We begin by examining the climactic full-page illustration of the series which appeared in the centre of the novella, The Golden Lion of Granpère, first published as a book in 1872, because it is so good. It may remind readers of a more famous one of Lady Mason's prostration of herself before Sir Peregrine Orme (from Orley Farm) when she finally tells him she is guilty of the crime with which she has been charged. The scene occurs when George Voss learns that his father has succeeded in coercing Marie Bromar into engaging herself to Adrian Urmand, a prosperous town merchant. George and Marie Bromar grew up together, fell in love, and became engaged, but were forcibly separated by George's father who is also Marie's uncle.

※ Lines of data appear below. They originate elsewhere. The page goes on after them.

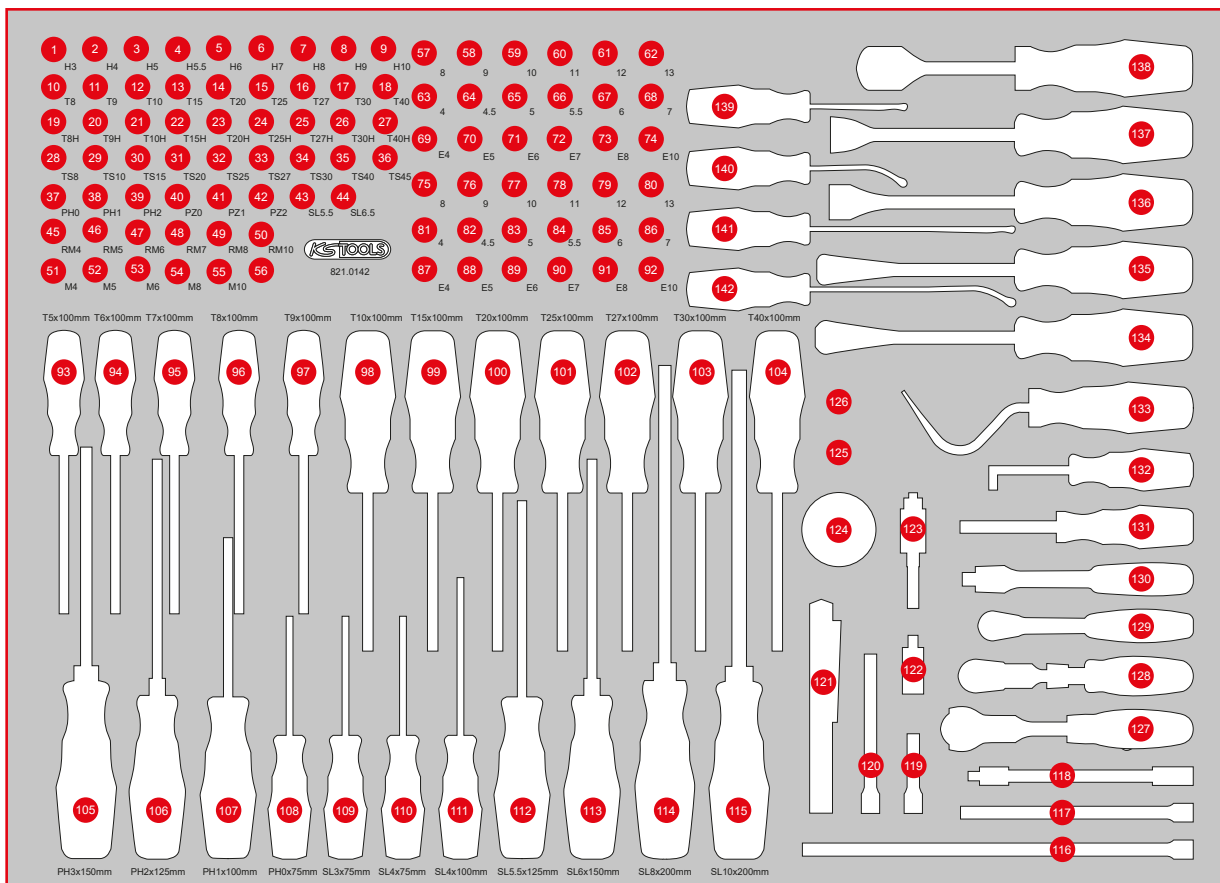

Pos.	Code	Description	pcs	Pos.	Code	Description	pcs	Pos.	Code	Description	pcs
81	917.1404	1/4" Hexagonal socket, 4 mm	1	107	159.1029	ERGOTORQUEplus screwdriver for screws PH1, L = 205 mm	1	127	914.1405	1/4" MODIFIX mini T-handle swivel head ratchet, 72 teeth	1
82	917.14045	1/4" Hexagonal socket, 4,5 mm	1	108	159.1027	ERGOTORQUEplus screwdriver for screws PH0, L = 155 mm	1	128	914.1420	1/4" SlimPOWER telescopic-joint reversible ratchet, 72 teeth	1
83	917.1405	1/4" Hexagonal socket, 5 mm	1	109	159.1002	ERGOTORQUEplus screwdriver for slotted screws, 3 mm, L = 155 mm	1	129	920.1490	1/4" SlimPOWER Reversible ratchet, 72 teeth	1
84	917.14055	1/4" Hexagonal socket, 5,5 mm	1	110	159.1003	ERGOTORQUEplus screwdriver for slotted screws, 4 mm, L = 155 mm	1	130	917.1488	1/4" Flexi head drive handle	1
85	917.1406	1/4" Hexagonal socket, 6 mm	1	111	159.1004	ERGOTORQUEplus screwdriver for slotted screws, 4 mm, L = 180 mm	1	131	911.1434	1/4" Square drive screwdriver, 150 mm	1
86	917.1407	1/4" Hexagonal socket, 7 mm	1	112	159.1006	ERGOTORQUEplus screwdriver for slotted screws, 5,5 mm, L = 230 mm	1	132	550.1048	Hook, 90° offset	1
87	911.4313	1/4" Torx E Socket, E4	1	113	159.1009	ERGOTORQUEplus screwdriver for slotted screws, 6,5 mm, L = 255 mm	1	133	550.1073	Hook, large, sickle	1
88	911.4314	1/4" Torx E Socket, E5	1	114	159.1011	ERGOTORQUEplus screwdriver for slotted screws, 8 mm, L = 315 mm	1	134	140.2373	Clip remover short, length 245 mm, opening 10 mm	1
89	911.4315	1/4" Torx E Socket, E6	1	115	159.1012	ERGOTORQUEplus screwdriver for slotted screws, 10 mm, L = 315 mm	1	135	140.2371	Clip remover short, length 245 mm, opening 4 mm	1
90	911.4316	1/4" Torx E Socket, E7	1	116	911.1504	1/4" Extension with hexagon drive, 250 mm	1	136	140.2615	Clip remover, short 9 mm	1
91	911.4317	1/4" Torx E Socket, E8	1	117	911.1451	1/4" Extension with hexagon drive, 150 mm	1	137	140.2616	Clip remover, short 7,5 mm	1
92	911.4332	1/4" Torx E Socket, E10	1	118	911.1422	1/4" Flexible Extensions, 150 mm	1	138	907.2222	Gasket scraper, 25 x 200 mm	1
93	159.1133	ERGOTORQUEplus screwdriver, Torx T5	1	119	911.1423	1/4" Extension with hexagon drive, 50 mm	1	139	140.2613	Panel lever 3 x 63 mm, bent	1
94	159.1134	ERGOTORQUEplus screwdriver, Torx T6	1	120	911.1424	1/4" Extension with hexagon drive, 100 mm	1	140	140.2611	Panel lever 3 x 63 mm	1
95	159.1135	ERGOTORQUEplus screwdriver, Torx T7	1	121	150.4370	perfectLight torch 85 lumen	1	141	140.2612	Panel lever 3 x 133 mm	1
96	159.1030	ERGOTORQUEplus screwdriver, Torx, T8	1	122	911.1450	1/4" Universal joint	1	142	140.2614	Panel lever 3 x 133 mm, bent	1
97	159.1031	ERGOTORQUEplus screwdriver, Torx, T9	1	123	514.1126	2in1 quick-replacement bit holder	1				
98	159.1032	ERGOTORQUEplus screwdriver, Torx, T10	1	124	914.1410	1/4" HandReversible ratchet	1				
99	159.1033	ERGOTORQUEplus screwdriver, Torx, T15	1	125	911.3897	3/8" Reducing adaptor, 3/8" F x 1/4" M	1				
100	159.1034	ERGOTORQUEplus screwdriver, Torx, T20	1	126	911.1494	Adaptor, 1/4"Mx3/8"F	1				
101	159.1035	ERGOTORQUEplus screwdriver, Torx, T25	1								
102	159.1036	ERGOTORQUEplus screwdriver, Torx, T27	1								
103	159.1037	ERGOTORQUEplus screwdriver, Torx, T30	1								
104	159.1038	ERGOTORQUEplus screwdriver, Torx, T40	1								
105	159.1024	ERGOTORQUEplus screwdriver for screws PH3, L = 265 mm	1								
106	159.1022	ERGOTORQUEplus screwdriver for screws PH2, L = 230 mm	1								
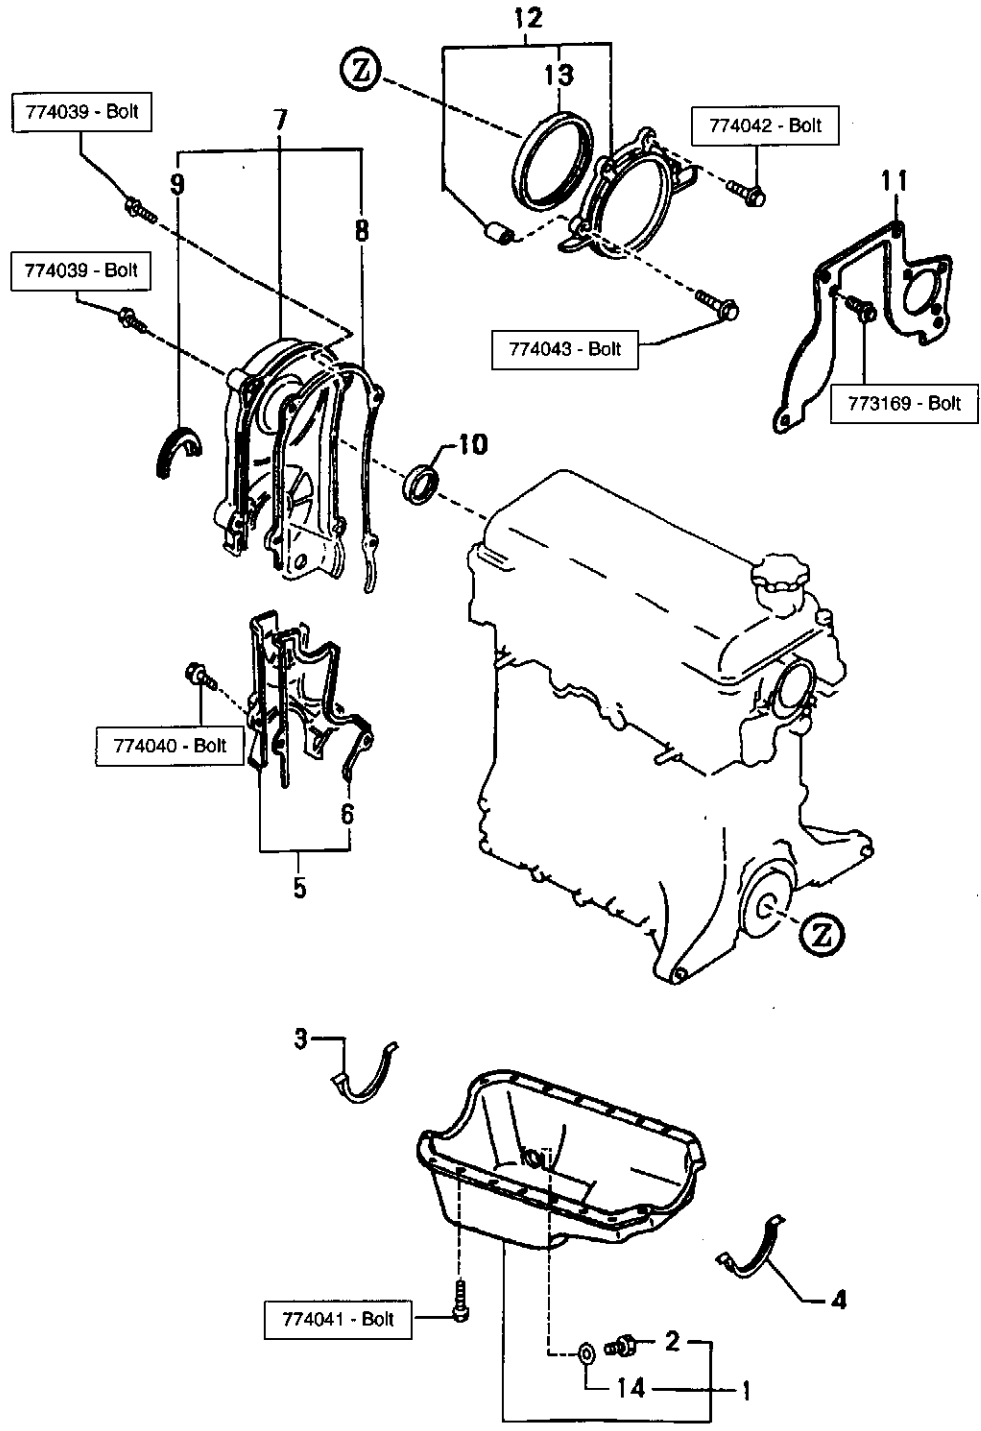

FRAME

FRAME

<i>REF.</i>	<i>PART NAME</i>	<i>PART NO.</i>	<i>QTY</i>
1	Frame	018021	1
2	Frame Extension	013782	2

OIL PAN & TIMING COVER

OIL PAN & TIMING COVER

<i>REF.</i>	<i>PART NAME</i>	<i>PART NO.</i>	<i>QTY</i>
1	Pan Assembly-Oil	104000	1
2	Plug	104001	1
3	Gasket-Oil Pan	104002	1
4	Gasket-Oil Pan	104003	1
5	Cover, Assembly, Lower	104004	1
6	Gasket-Cover, T, Belt	104005	1
7	Cover, Assembly, Upper	104006	1
8	Gasket-Cover, T, Belt	104007	1
9	Gasket	104008	1
10	Seal-Oil	104009	1
11	Plate-End	104010	1
12	Cover Assembly- Rear	104011	1
13	Seal-Oil	104012	1
14	Seal-Plug	104013	1

George becomes enraged, determines to return home immediately, with the intention of using his words to 'stab [Marie] through the heart' because she has (so he thinks) stabbed him by this betrayal of them both.
As is so common in the first illustrations to Trollope's novels, we see the moment after the hard encounter, when passion is spent and quiet thought begins to intervene. Fraser depicts George as a strongly-built man in his twenties bent slightly over a young woman whose hands he is grasping in his own while he attempts to pull her up from the floor by pressing the weight of his body down through his legs onto the floor. He looks down at her intently. Marie is equally strongly-built and is reluctantly rising from a kneeling posture in which her lower body takes the form of a chair as she is lifted through her upraised arms. From her knees to her waist her legs are in a slightly bent horizontal line as she allows herself to be lifted. She looks downward; one of her arms conceals her face. We only see her right ear and her dark curly hair which she wears swept up in a knot. Her ear is at the centre of the picture, as on the opposite page we read that she is listening to George repeat 'Marie . . . Marie -- there is no use in this. Stand up', to which the snatch of dialogue the line that appears below the picture is her response, 'Oh, George, if you could know all' (The Golden Lion, p. 71 and facing illustration). They are dressed just respectably: George has a worn suit and a collar; Marie wears a tight darkly-coloured bodice over a white half-shift (or working blouse), and a lighter-coloured apron tied with a neat bow at the back of her waist over a somewhat darker skirt. The room is bare but, for a cottage, adequately furnished. Each piece of furniture is carefully drawn; we see a tablecloth and pipe on one table. There's a picture of a saint on the wall (this is a story of a French Catholic family). Very careful cross-hatching work has been performed across the walls and floor to create gradations in colour and depth throughout the room.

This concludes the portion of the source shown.